Vollmart zaznacza, że ogranicza koszty do minimum.

– Świadomie oszczędzamy na marketingu, wyposażeniu i drogich nowinkach technologicznych, żeby klient miał najlepszą cenę bez konieczności polowania na promocje – tłumaczy przedstawiciel sieci. "Wszystko po to, aby klient opuścił nasz sklep zachwycony i chciało tym opowiedzieć. Sami wiemy jak to wygląda w innych sieciach. My uważamy, że definicja produktywności nie jest zaszyta w przeliczeniu obrotu na ilość przepracowanych godzin, a definiuje ją zadowolenie klienta i jego zachwyt naszym sklepem."

Firma stawia też na obsługę klienta jako kluczowy element swojej przewagi. – U nas klient to gość. Doradzamy, rozmawiamy, pomagamy – nie tylko kasujemy towar – dodaje.

Dyskont dla klientów indywidualnych i firm. Te produkty to prawdziwe hity sklepów 

Vollmart chce też przyciągnąć małych przedsiębiorców, którzy dotychczas korzystali z hurtowni typu cash & carry.

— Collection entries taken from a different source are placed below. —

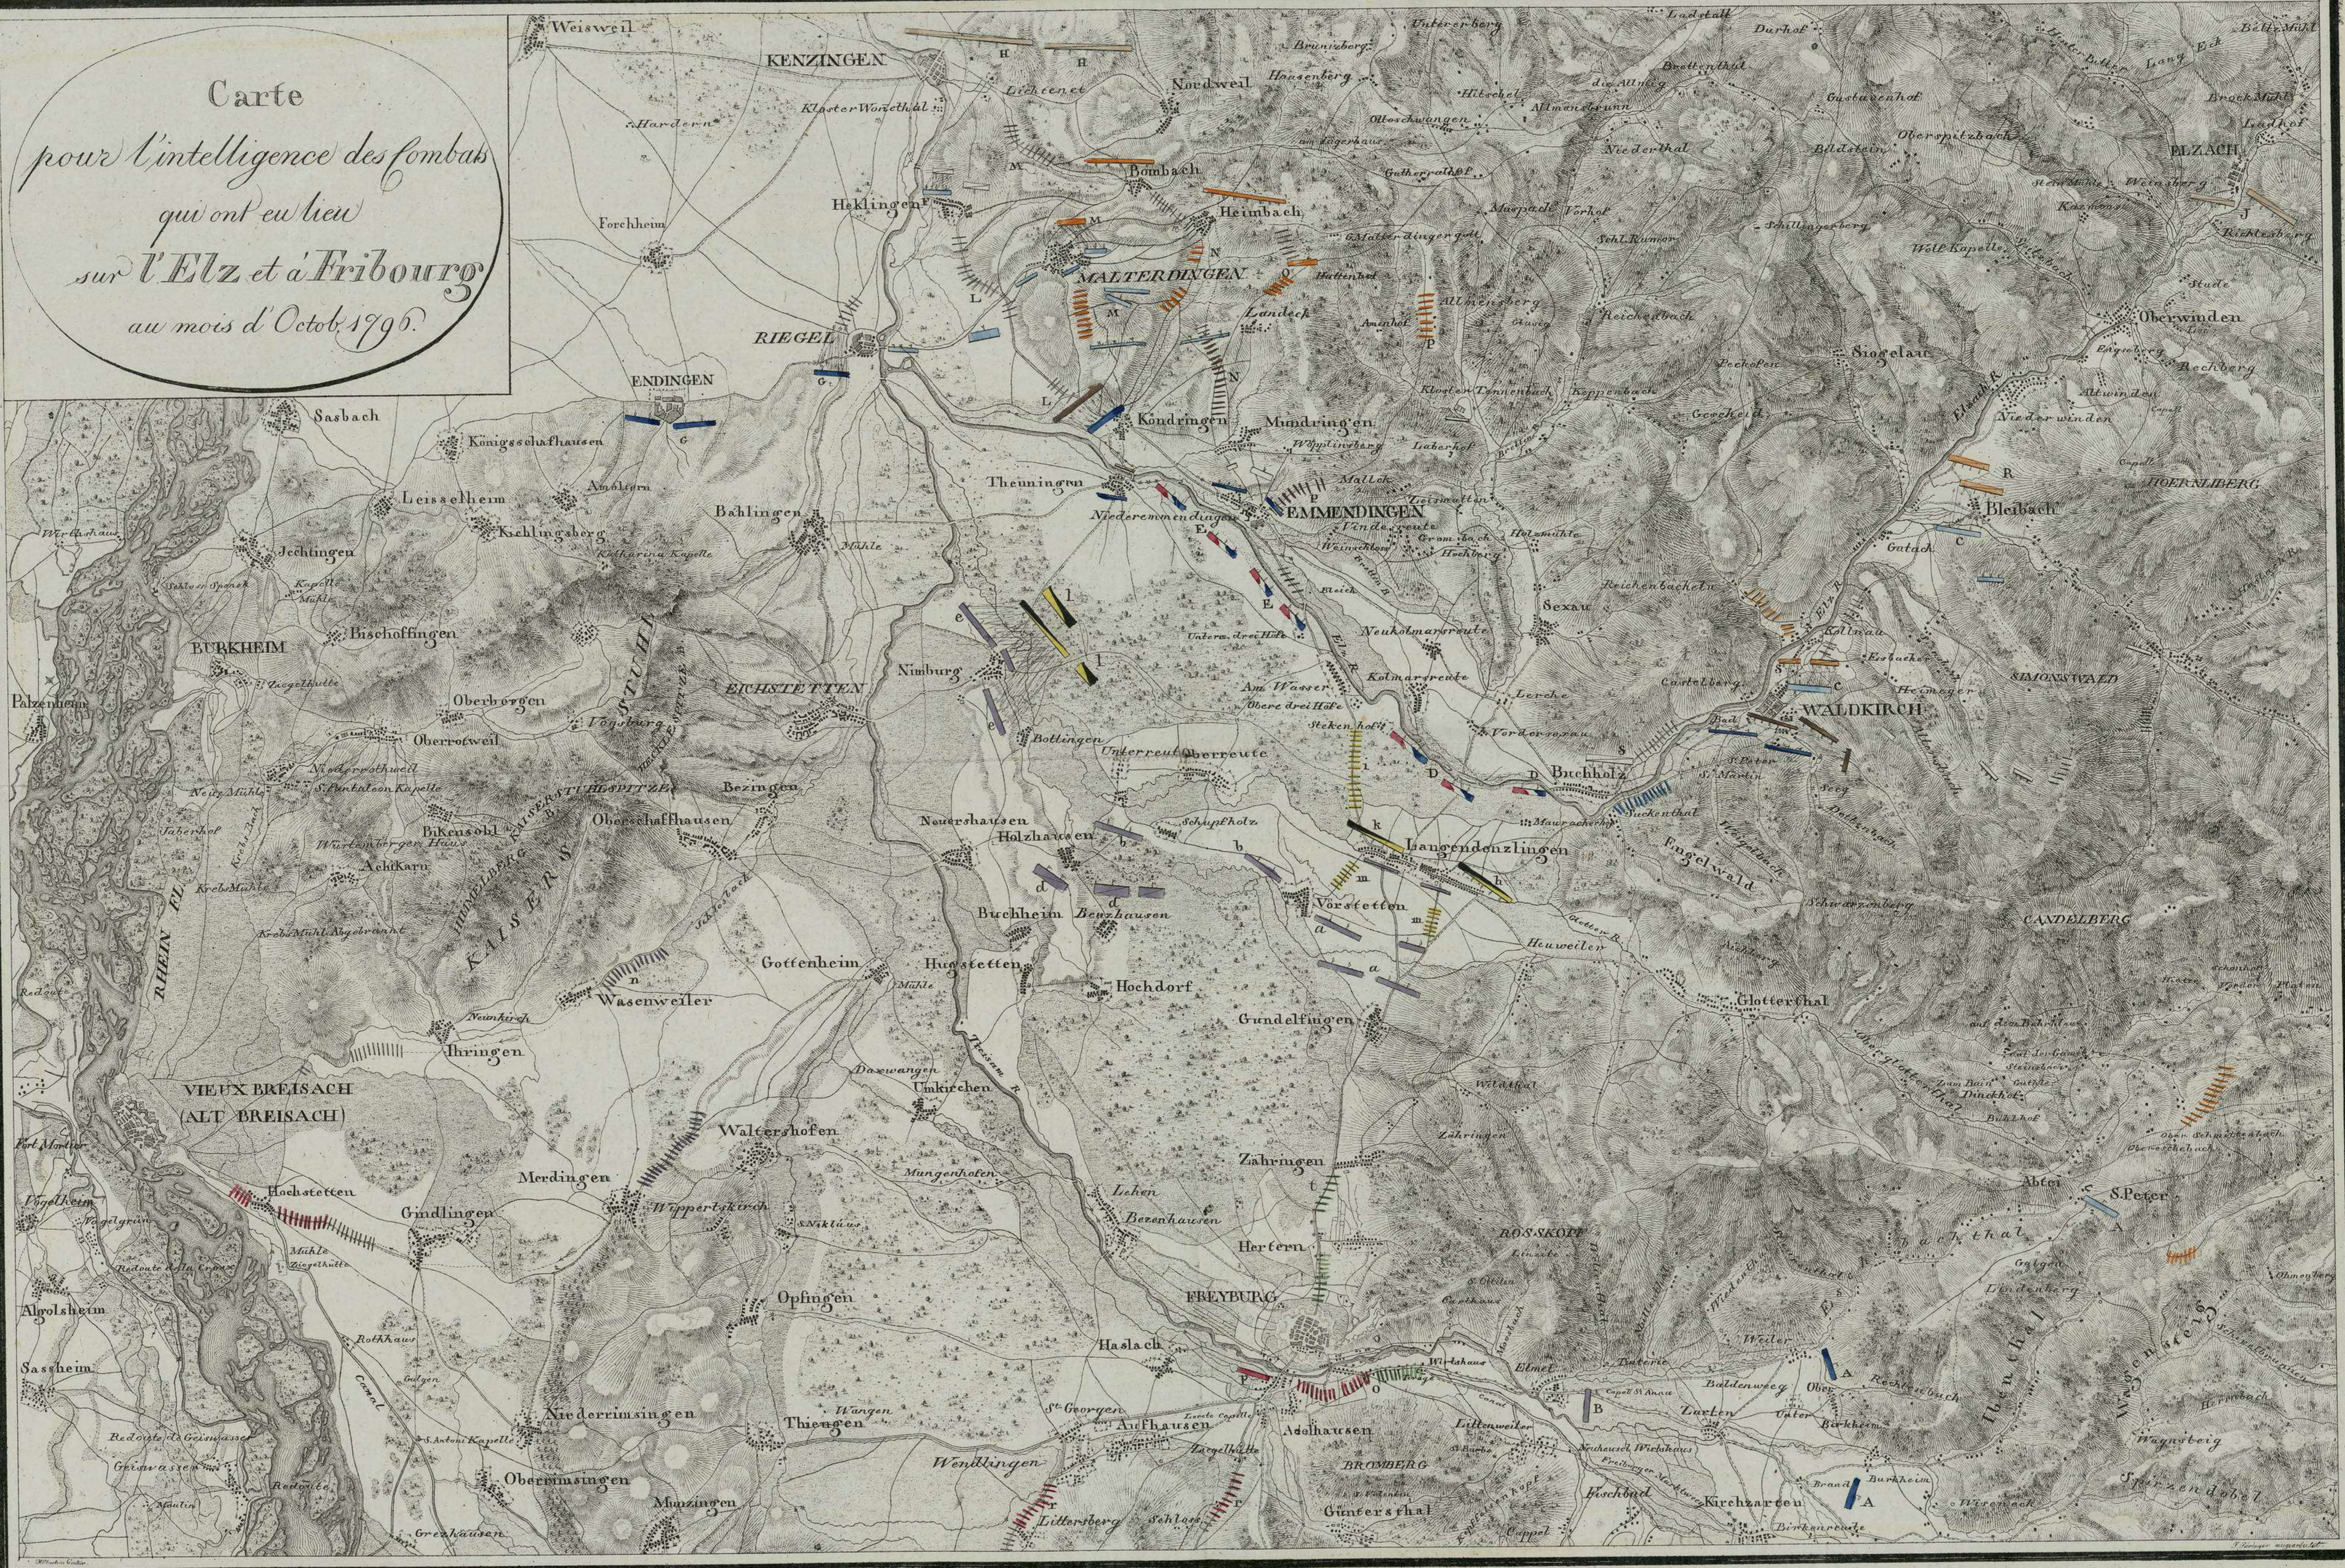

Carte
 pour l'intelligence des combats
 qui ont eu lieu
 sur l'Elz et à Fribourg
 au mois d'Octob. 1796.

Echelle de 2 lieues de 25 audegré.
 0 1/4 1/2 3/4 1 2 lieues

carte gravée en Suisse.

– U nas można kupić hurtową ilość towaru bez limitów, o dowolnej porze – zapewnia sieć.

Największą popularnością w sklepach cieszą się obecnie słodycze, bakalie, przetwory słoikowe i mrożonki, czyli produkty, które Polacy chętnie kupują na zapas.

Lokalni dostawcy i plany na markę własną

Firma coraz śmielej współpracuje z lokalnymi producentami – w jednym ze sklepów testuje świeże pieczywo, w innym warzywa i owoce od regionalnych dostawców.

Produkty regionalne już wprowadzamy. Marka własna to plan na później, gdy będziemy mieć większą skalę działalności. Nasza marża nie przekracza w totalu 20% a mimo tego udaje nam się spinać ten biznes.  tłumaczy Vollmart.

Klienci zmęczeni promocjami i aplikacjami

Vollmart dostrzega, że klienci są coraz bardziej zmęczeni marketingowym szumem – licznymi promocjami, kartami lojalnościowymi i aplikacjami.

– U nas za określoną kwotę w portfelu zawsze kupisz tyle samo. Nie musisz śledzić promocji, gromadzić punktów ani kupować na zapas – mówi przedstawiciel firmy.

To podejście może trafić do konsumentów, którzy cenią prostotę i transparentność cen, a nie „efekty specjalne” w sklepie.